++++ Recorded information
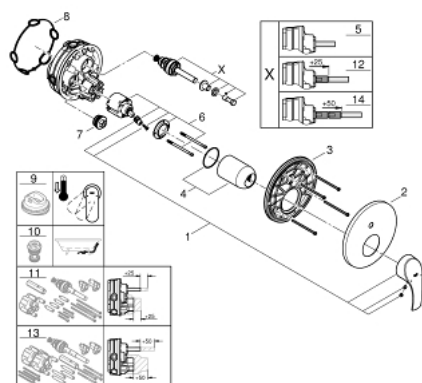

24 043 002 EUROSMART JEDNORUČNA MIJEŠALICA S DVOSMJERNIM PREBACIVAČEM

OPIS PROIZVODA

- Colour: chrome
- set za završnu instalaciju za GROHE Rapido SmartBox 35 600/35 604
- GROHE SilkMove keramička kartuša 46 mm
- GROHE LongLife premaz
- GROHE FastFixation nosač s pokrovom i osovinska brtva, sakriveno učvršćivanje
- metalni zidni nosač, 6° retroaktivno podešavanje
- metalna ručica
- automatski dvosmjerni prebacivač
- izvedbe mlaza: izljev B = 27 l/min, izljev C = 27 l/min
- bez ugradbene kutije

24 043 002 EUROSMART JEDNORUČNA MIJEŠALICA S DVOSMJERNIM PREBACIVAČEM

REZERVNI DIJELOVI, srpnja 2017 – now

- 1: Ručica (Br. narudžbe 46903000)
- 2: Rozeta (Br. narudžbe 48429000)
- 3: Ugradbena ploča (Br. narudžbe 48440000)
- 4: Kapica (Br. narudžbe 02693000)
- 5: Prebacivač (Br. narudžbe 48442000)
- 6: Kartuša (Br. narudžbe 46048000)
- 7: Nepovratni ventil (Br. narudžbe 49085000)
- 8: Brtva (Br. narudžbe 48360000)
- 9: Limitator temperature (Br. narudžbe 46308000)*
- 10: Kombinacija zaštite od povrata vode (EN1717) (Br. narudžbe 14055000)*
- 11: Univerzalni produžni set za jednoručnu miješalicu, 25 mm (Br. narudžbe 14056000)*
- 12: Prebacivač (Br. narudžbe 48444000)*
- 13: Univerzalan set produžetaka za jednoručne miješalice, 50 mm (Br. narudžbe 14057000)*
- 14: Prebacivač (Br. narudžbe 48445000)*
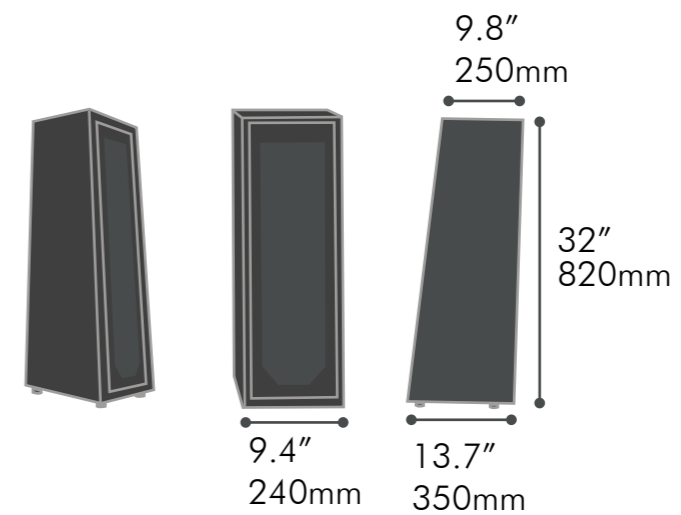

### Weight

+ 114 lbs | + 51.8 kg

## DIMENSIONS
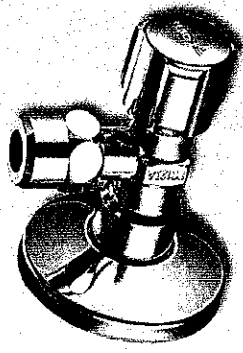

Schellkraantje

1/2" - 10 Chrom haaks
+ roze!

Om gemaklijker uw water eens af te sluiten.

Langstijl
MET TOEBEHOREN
++++++++
++++ Recorded information
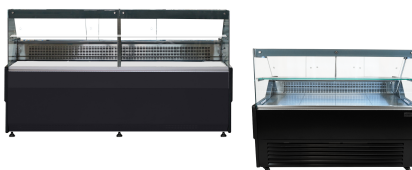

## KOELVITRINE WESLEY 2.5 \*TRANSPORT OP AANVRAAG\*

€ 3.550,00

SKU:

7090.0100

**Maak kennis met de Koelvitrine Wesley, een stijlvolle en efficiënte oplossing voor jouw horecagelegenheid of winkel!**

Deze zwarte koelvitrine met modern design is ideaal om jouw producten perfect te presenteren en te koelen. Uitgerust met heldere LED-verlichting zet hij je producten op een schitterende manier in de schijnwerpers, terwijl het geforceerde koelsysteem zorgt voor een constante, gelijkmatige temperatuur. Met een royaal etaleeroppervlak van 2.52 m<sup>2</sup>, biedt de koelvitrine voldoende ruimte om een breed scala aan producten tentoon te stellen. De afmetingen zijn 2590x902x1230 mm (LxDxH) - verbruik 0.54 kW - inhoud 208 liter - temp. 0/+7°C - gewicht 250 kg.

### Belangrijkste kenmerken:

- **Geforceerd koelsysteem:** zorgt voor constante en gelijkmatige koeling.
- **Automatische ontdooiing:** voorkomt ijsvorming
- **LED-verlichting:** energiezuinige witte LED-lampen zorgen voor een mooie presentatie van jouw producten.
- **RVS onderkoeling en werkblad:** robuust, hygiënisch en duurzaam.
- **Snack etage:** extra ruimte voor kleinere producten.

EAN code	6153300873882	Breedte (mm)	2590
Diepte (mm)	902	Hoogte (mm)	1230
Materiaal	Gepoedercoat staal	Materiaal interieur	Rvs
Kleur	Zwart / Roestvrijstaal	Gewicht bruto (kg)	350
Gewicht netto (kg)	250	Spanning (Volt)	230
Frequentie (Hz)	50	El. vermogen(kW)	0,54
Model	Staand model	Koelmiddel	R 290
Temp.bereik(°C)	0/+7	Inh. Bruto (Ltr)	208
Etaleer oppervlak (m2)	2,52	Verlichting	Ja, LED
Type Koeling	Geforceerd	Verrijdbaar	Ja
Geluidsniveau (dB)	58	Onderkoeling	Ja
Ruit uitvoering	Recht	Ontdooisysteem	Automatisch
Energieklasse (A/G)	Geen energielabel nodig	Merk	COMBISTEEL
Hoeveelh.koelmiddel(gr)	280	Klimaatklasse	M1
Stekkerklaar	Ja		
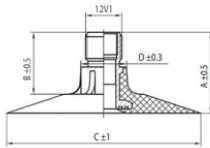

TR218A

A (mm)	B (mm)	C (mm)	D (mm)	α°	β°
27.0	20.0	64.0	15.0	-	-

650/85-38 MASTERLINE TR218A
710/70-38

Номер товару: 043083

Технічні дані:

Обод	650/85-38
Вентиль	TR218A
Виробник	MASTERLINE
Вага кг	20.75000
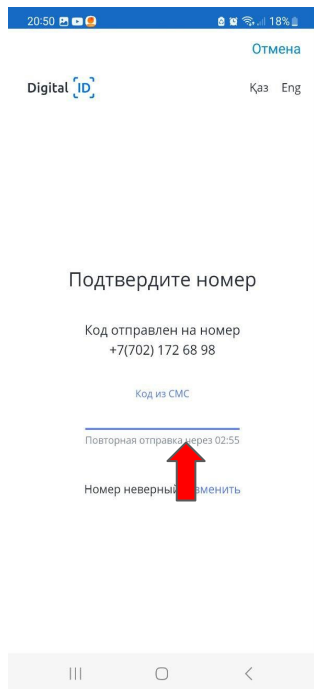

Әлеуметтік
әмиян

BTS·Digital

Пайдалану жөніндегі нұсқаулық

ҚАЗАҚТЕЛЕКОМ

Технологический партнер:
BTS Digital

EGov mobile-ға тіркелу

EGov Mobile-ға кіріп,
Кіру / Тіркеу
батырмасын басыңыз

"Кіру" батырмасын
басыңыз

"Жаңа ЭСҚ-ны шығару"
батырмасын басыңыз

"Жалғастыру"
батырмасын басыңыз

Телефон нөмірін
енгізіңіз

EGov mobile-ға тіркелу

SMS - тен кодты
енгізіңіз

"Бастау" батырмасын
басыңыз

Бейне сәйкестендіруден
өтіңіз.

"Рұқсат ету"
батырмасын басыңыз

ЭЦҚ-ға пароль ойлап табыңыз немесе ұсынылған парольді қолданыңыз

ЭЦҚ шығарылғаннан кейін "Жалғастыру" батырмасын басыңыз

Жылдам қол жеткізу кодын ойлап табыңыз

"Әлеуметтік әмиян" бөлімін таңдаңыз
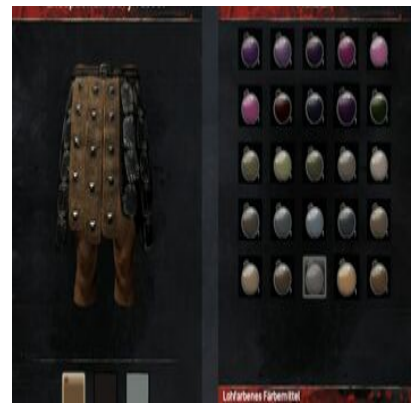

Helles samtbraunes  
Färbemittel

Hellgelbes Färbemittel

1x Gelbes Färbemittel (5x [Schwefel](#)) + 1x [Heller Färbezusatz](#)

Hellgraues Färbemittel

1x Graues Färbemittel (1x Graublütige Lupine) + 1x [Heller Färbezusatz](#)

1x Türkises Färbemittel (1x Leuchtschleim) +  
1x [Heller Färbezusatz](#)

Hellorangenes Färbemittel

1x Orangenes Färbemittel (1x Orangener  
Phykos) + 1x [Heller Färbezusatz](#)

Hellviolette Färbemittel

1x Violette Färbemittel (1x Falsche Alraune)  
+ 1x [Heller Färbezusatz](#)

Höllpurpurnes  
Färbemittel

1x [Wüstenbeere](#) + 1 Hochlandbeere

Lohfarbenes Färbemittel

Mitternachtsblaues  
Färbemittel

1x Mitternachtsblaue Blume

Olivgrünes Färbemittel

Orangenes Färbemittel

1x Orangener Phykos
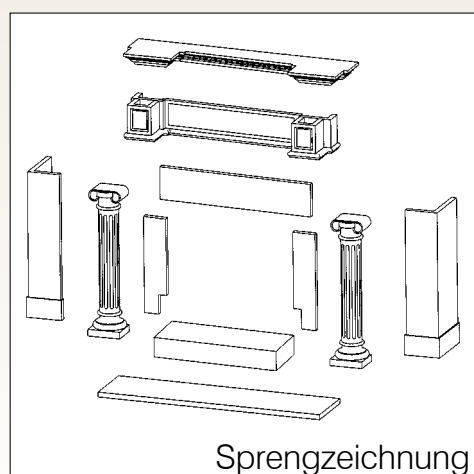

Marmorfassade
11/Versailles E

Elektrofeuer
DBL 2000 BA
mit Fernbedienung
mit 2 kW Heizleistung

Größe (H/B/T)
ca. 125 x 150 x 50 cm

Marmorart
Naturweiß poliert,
++++++++
Only the count, nothing else: how many lines of the records hold the word "табыңыз"?

◆ Solution to the problem
2